Big League Politics
- Website type: Far-right politics
- Available in: English
- Owner: Mustard Seed Media
- Website: bigleaguepolitics.com
- Current status: Active

= Big League Politics =

Far-right American political website

Big League Politics is a far-right American media website that promotes conspiracy theories. The website was founded by former Breitbart News employees. The site was announced in 2017 by one of its founders as an investigative outfit. In early 2018, Big League Politics was acquired by Mustard Seed Media which is owned by Reilly O'Neal and Noel Fritsch. The Wall Street Journal describes the website as "a scrappy, pro-Trump outfit backed by Republican operatives".

== Content ==
The website has promoted conspiracy theories, on subjects such as QAnon and the murder of Seth Rich.

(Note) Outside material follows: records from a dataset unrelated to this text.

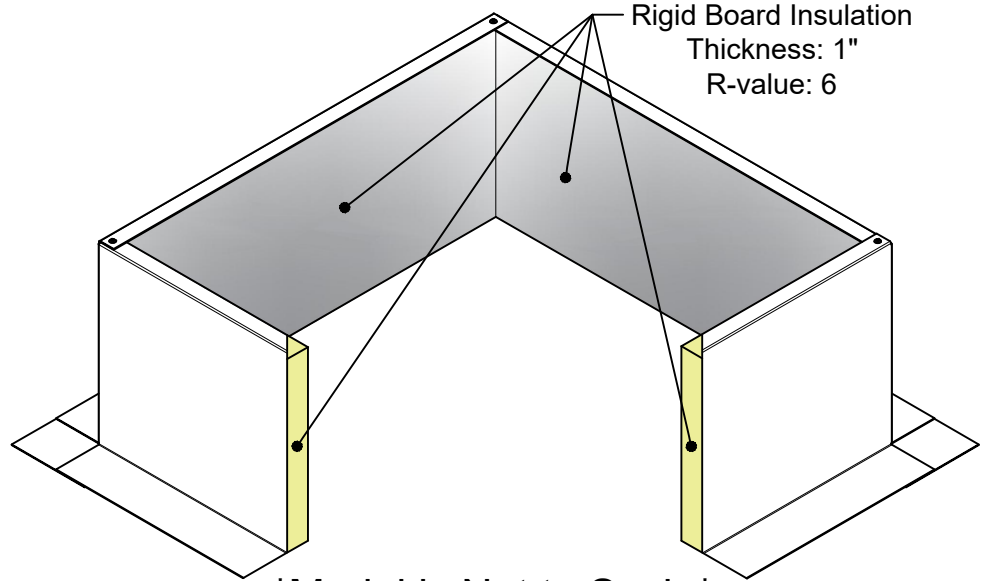

Active Ventilation Products, Inc.

Website: roofvents.com

Email: sales@roofvents.com

Specification Sheet

1/1/2023

Insulated Roof Curb Model: RC-24-H12-Ins ID: 25" OD: 27"

- Aluminum Alloy 3003-H14
- Thickness = 0.040" ± 0.005
- Tolerance = ± .25 (1/4")

Model is Not to Scale
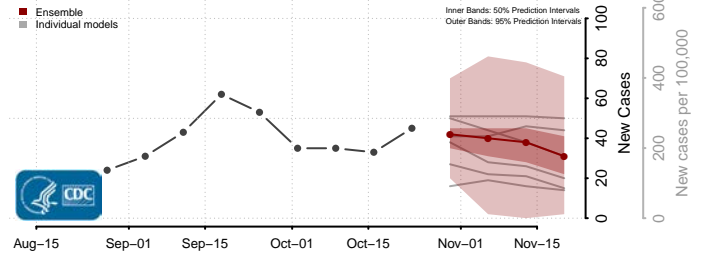

Cass County, Iowa

Cedar County, Iowa

Cerro Gordo County, Iowa

Cherokee County, Iowa

Chickasaw County, Iowa

Clarke County, Iowa

Clay County, Iowa

Clayton County, Iowa
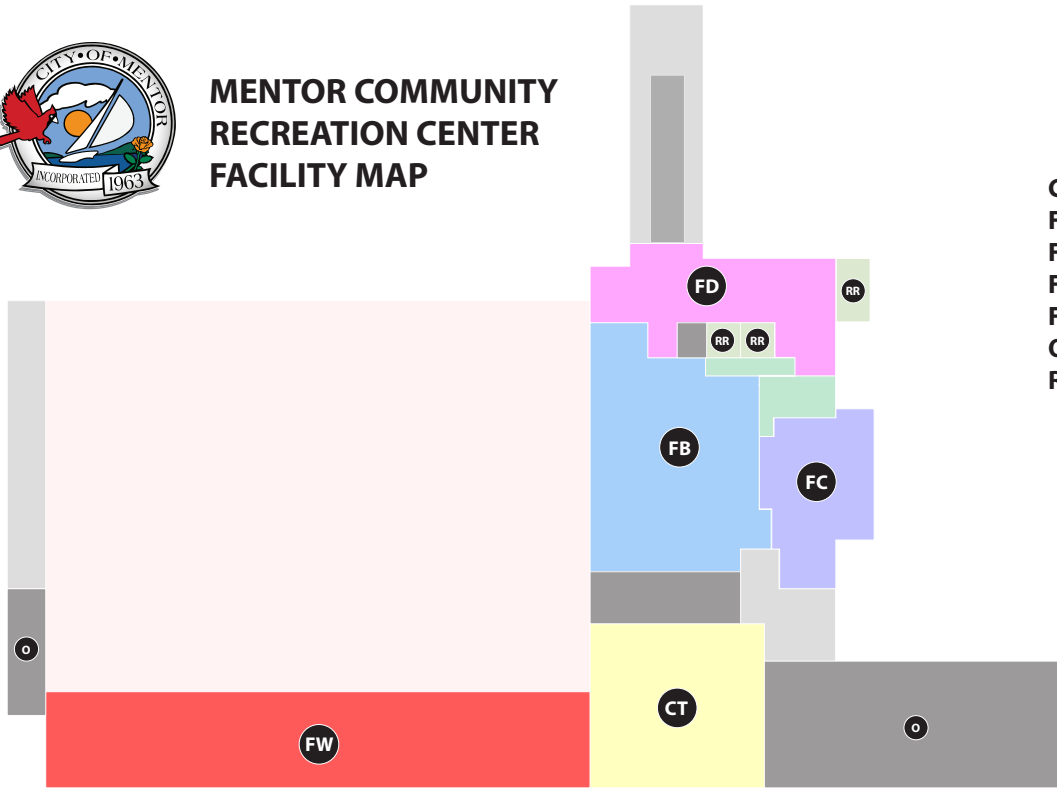

MENTOR COMMUNITY RECREATION CENTER FACILITY MAP

- CT - CIRCUIT TRAINING
- FB - FITNESS ROOM B
- FC - FITNESS ROOM C
- FD - FITNESS ROOM D
- FW - FREE WEIGHTS
- O - OFFICES
- RR - RESTROOMS

SECOND FLOOR

- BB - BASKETBALL COURTS
- CR - COMMUNITY ROOM
- CY - CYCLE ROOM
- FA - FITNESS ROOM A
- FC - FAMILY CHANGING ROOM
- FT - FITNESS ROOM & TRACK
- GS - GOLF SIMULATORS
- IP - INDOOR POOL
- KC - KIDS CORNER
- ML - MENS LOCKER ROOM
- MS - MENS SAUNA
- O - OFFICES
- OP - OUTDOOR POOL
- PB - PICKLEBALL
- PG - PLAYGROUND
- RA - RECEPTION AREA
- RB - RACQUETBALL
- SR - STEAM ROOM
- ST - SOCCER & TURF SPORTS
- TC - TENNIS COURTS
- WL - WOMENS LOCKER ROOM
- WP - WHIRLPOOL
- WS - WOMENS SAUNA

FIRST FLOOR
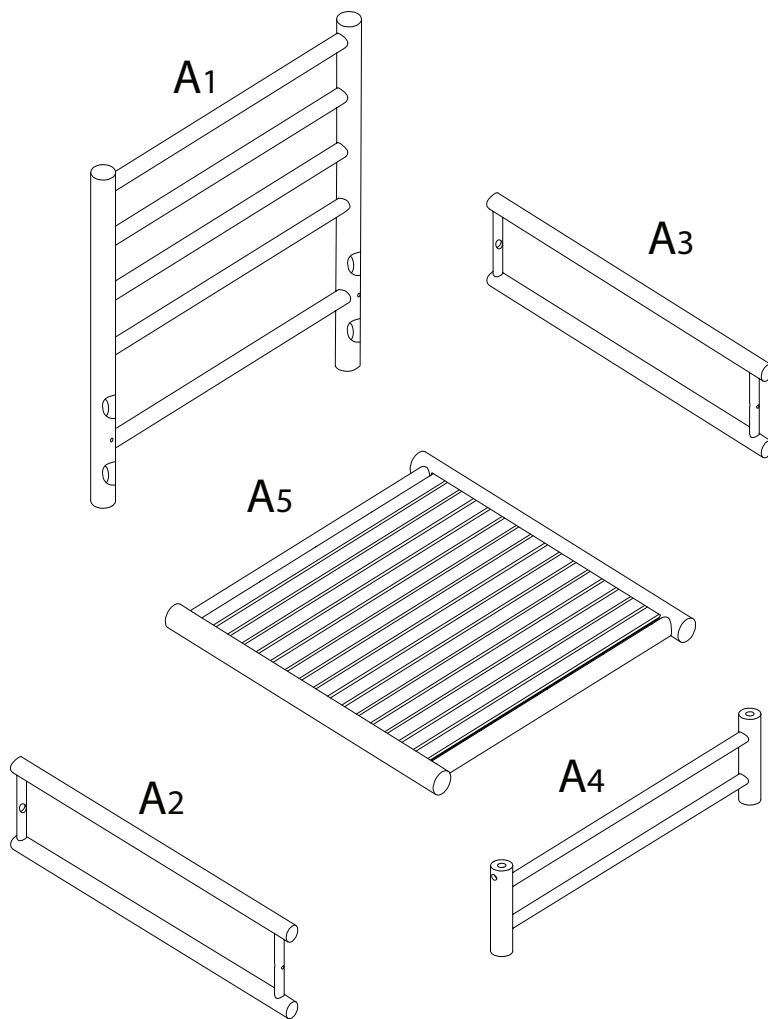

CERRETO

Diagram illustrating assembly instructions and safety warnings:

- Warning 1:** A warning triangle with an exclamation mark is positioned above a box containing:
 - An icon of an L-shaped metal bracket.
 - An icon of a power drill with a diagonal line through it, indicating that a power drill should not be used.
- Warning 2:** A warning triangle with an exclamation mark is positioned above a box containing:
 - An icon of a rectangular block being placed on a textured surface.
 - An icon of a rectangular block with a diagonal line through it, indicating that the block should not be placed on a soft or uneven surface.
- Time:** A clock icon with a circular arrow indicates a duration of **15'**.
- Personnel:** An icon of a person indicates that **1** person is required for the task.

A1

x 1

A2

x 1

A3

x 1

A4

x 1

2

x 4

3

x 2

4

x 1

1

2

3

2
M6
x
40
x 4

4
x 1

4

A5
x 1

5

1
M6
x
60
x 2

3
M6
x
25
x 2

The New York Times described Big League Politics as "an obscure right-wing news site [...] which has promoted conspiracy theories and written favorably about white nationalist candidates." Huffington Post said it is intended for "people who find Breitbart too reasonable." According to Mother Jones, the website "has published stories attacking anti-fascist activists and trying to downplay the role of neo-Nazi violence in the death of Heather Heyer at the Unite the Right rally in Charlottesville in 2017. It went so far as to falsely blame an anti-racism activist and professor from the University of North Carolina-Chapel Hill for her death." It pushed falsehoods about the 2020 United States presidential election.

Big League Politics is best known for breaking a story in February 2019 about a damaging photo on Virginia Governor Ralph Northam's 1984 yearbook page, leading to widespread calls for the governor's resignation during the 2019 Virginia political crisis. The website also published sexual assault allegations against Virginia Lieutenant Governor Justin Fairfax.